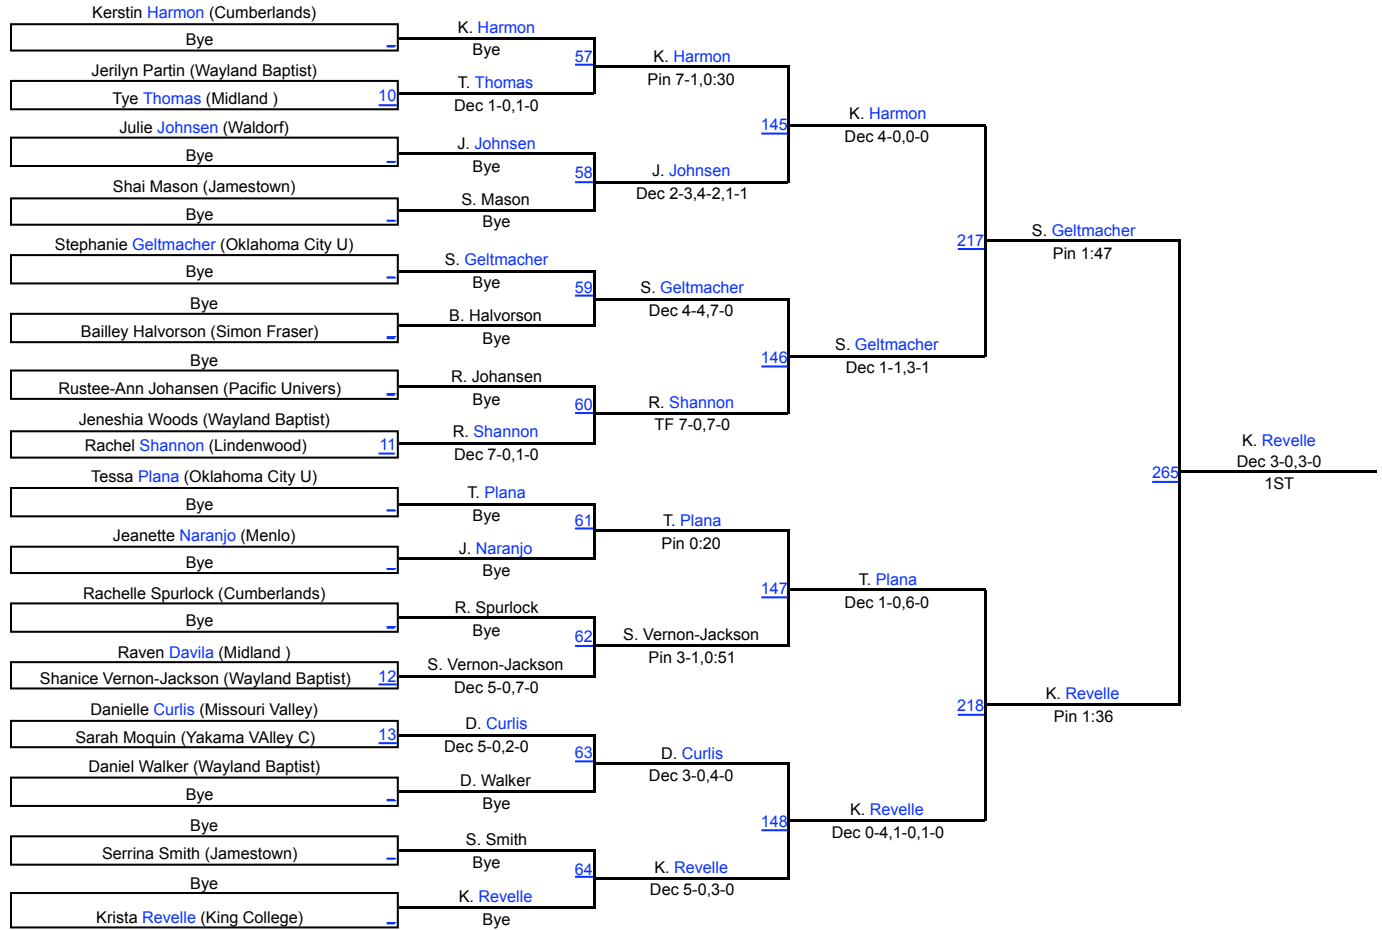

2012 WCWA Womens College Nationals

Women`s 136
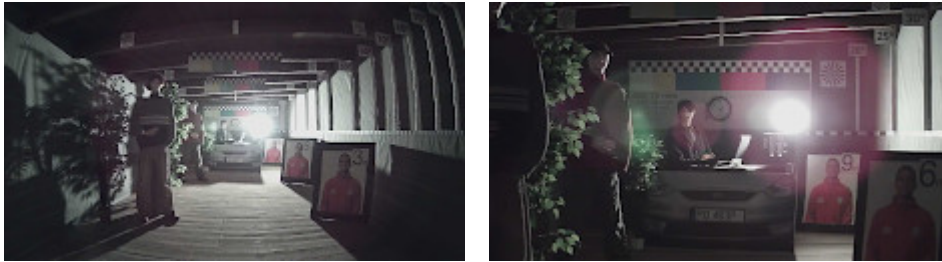

In the case of video transmission using a twisted pair cable and matching transformers (balun), be aware of the possibility of signal reflections and interfering signals.

Setting the camera in PAL mode allows to obtain an image in 960H resolution.

PRESENTATION

Camera is out from clamping ring:

Mounting side view:

In the kit:

OUR TESTS

AHD:

Camera image at artificial illumination (about 30Lux):

Camera image at night conditions with internal built-in IR illuminator on:

Camera image at direct strong light opposite to camera:

HD-CVI:

Camera image at artificial illumination (about 30Lux):

Camera image at night conditions with internal built-in IR illuminator on:

Camera image at direct strong light opposite to camera:

HD-TVI:

Camera image at artificial illumination (about 30Lux):

Camera image at night conditions with internal built-in IR illuminator on:

Camera image at direct strong light opposite to camera:
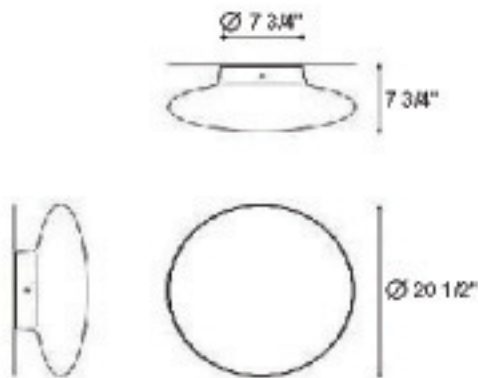

MILD PP - Wall-Ceiling

Design JORGE PENSI

- DESCRIPTION:** A large-scale, blown glass diffuser that appears to float off the ceiling and wall highlights this simple design. Compact fluorescent or incandescent light sources are available to provide diffused illumination. A companion pendant is also available.
- CONSTRUCTION:** A white metal back plate secures to a standard 4" octagonal junction box. The hand-blown diffuser is secured to the backing with clean, decorative screws.
- LIGHT SOURCE:** 1 x 100 watt, incandescent, A-19 (Provided)
2 x 13 watt, fluorescent, Gx23 quad (Not Provided)
2 x 18 watt, fluorescent, G24 quad, electronic (Not Provided)
- GLASS COLOR:** Satin White
- NET WEIGHT:** 17 lbs.
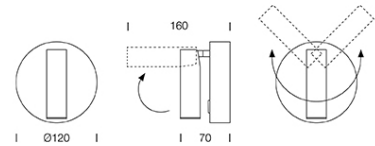

PROJECT : _____

SALE : _____

Lampitude®
TURN ON YOUR ATTITUDE

Product

Dimension

Specification

ITEM CODE	:	TUSE-W3-RG
SERIES	:	TUSE
BRAND	:	LAMPTITUDE
LAMP TYPE	:	LED
LAMP BASE	:	1*CREE LED 3W 2700K
DESCRIPTION	:	WALL LAMP
INSTALLATION	:	SURFACE MOUNTED WALL
MATERIAL	:	ALUMINIUM
COLOR	:	ROSE GOLD
CONTROL GEAR	:	LED DRIVER INCLUDED
REFLECTOR	:	N/A
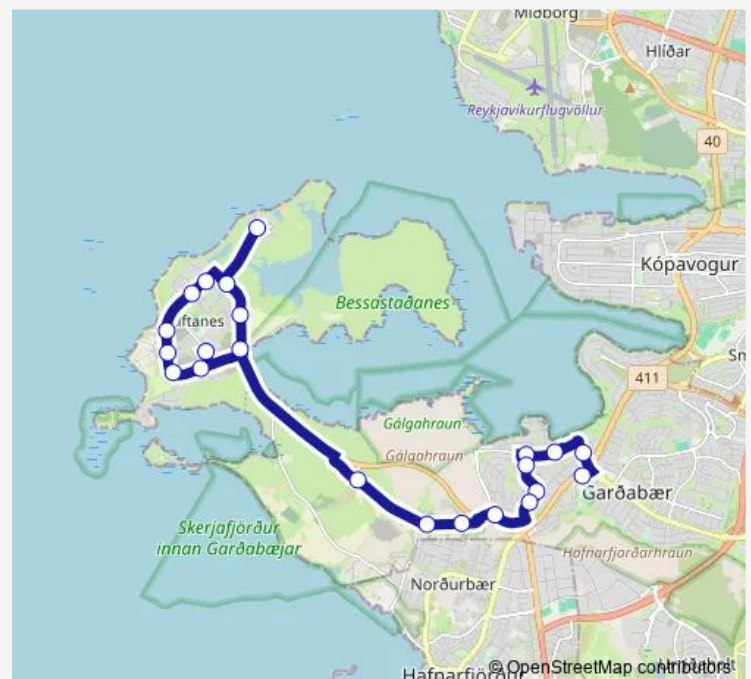

Direction

Ásgarður A — Bessastaðir

22 stops

[Open route schedule](#)

Ásgarður A

Sjávargrund

Sjáländsskóli

Sjáländ

Brekkuland

Höfðabraut

Klukkanholt

Mýrarkot

Hólmatún

Sjávargata

Jörfavegur

Túngata

Eyvindarstaðavegur

Route schedule

Ásgarður A — Bessastaðir

Monday 19:47-23:47

Tuesday 19:47-23:47

Wednesday 19:47-23:47

Thursday 19:47-23:47

Friday 19:47-23:47

Saturday 19:47-23:47

Sunday 19:47-23:47

Route info

Direction: Ásgarður A

Stops: 22

Trip Duration: 0 hour 18 min

P23 Bus time schedules and route maps are available in an offline PDF at busmaps.com. Use the busmaps.com website to see live bus times, train schedule or subway schedule, and step-by-step directions for all public transit in Reykjavik

Exercise =>
I'd like the entries above repeated exactly, but without any of their pictures.

Completed exercise =>
2012 WCWA Womens College Nationals

Women`s 136

In the case of video transmission using a twisted pair cable and matching transformers (balun), be aware of the possibility of signal reflections and interfering signals.

Setting the camera in PAL mode allows to obtain an image in 960H resolution.

PRESENTATION

Camera is out from clamping ring:

Mounting side view:

In the kit:

OUR TESTS

AHD:

Camera image at artificial illumination (about 30Lux):

Camera image at night conditions with internal built-in IR illuminator on:

Camera image at direct strong light opposite to camera:

HD-CVI:

Camera image at artificial illumination (about 30Lux):

Camera image at night conditions with internal built-in IR illuminator on:

Camera image at direct strong light opposite to camera:

HD-TVI:

Camera image at artificial illumination (about 30Lux):

Camera image at night conditions with internal built-in IR illuminator on:

Camera image at direct strong light opposite to camera:

MILD PP - Wall-Ceiling

Design JORGE PENSI

- DESCRIPTION:** A large-scale, blown glass diffuser that appears to float off the ceiling and wall highlights this simple design. Compact fluorescent or incandescent light sources are available to provide diffused illumination. A companion pendant is also available.
- CONSTRUCTION:** A white metal back plate secures to a standard 4" octagonal junction box. The hand-blown diffuser is secured to the backing with clean, decorative screws.
- LIGHT SOURCE:** 1 x 100 watt, incandescent, A-19 (Provided)
2 x 13 watt, fluorescent, Gx23 quad (Not Provided)
2 x 18 watt, fluorescent, G24 quad, electronic (Not Provided)
- GLASS COLOR:** Satin White
- NET WEIGHT:** 17 lbs.

PROJECT : _____

SALE : _____

Lampitude®
TURN ON YOUR ATTITUDE

Product

Dimension

Specification

ITEM CODE	:	TUSE-W3-RG
SERIES	:	TUSE
BRAND	:	LAMPTITUDE
LAMP TYPE	:	LED
LAMP BASE	:	1*CREE LED 3W 2700K
DESCRIPTION	:	WALL LAMP
INSTALLATION	:	SURFACE MOUNTED WALL
MATERIAL	:	ALUMINIUM
COLOR	:	ROSE GOLD
CONTROL GEAR	:	LED DRIVER INCLUDED
REFLECTOR	:	N/A

Direction

Ásgarður A — Bessastaðir

22 stops

[Open route schedule](#)

Ásgarður A

Sjávargrund

Sjáländsskóli

Sjáländ

Brekkuland

Höfðabraut

Klukkanholt

Mýrarkot

Hólmatún

Sjávargata

Jörfavegur

Túngata

Eyvindarstaðavegur

Route schedule

Ásgarður A — Bessastaðir

Monday 19:47-23:47

Tuesday 19:47-23:47

Wednesday 19:47-23:47

Thursday 19:47-23:47

Friday 19:47-23:47

Saturday 19:47-23:47

Sunday 19:47-23:47

Route info

Direction: Ásgarður A

Stops: 22

Trip Duration: 0 hour 18 min

P23 Bus time schedules and route maps are available in an offline PDF at busmaps.com. Use the busmaps.com website to see live bus times, train schedule or subway schedule, and step-by-step directions for all public transit in Reykjavik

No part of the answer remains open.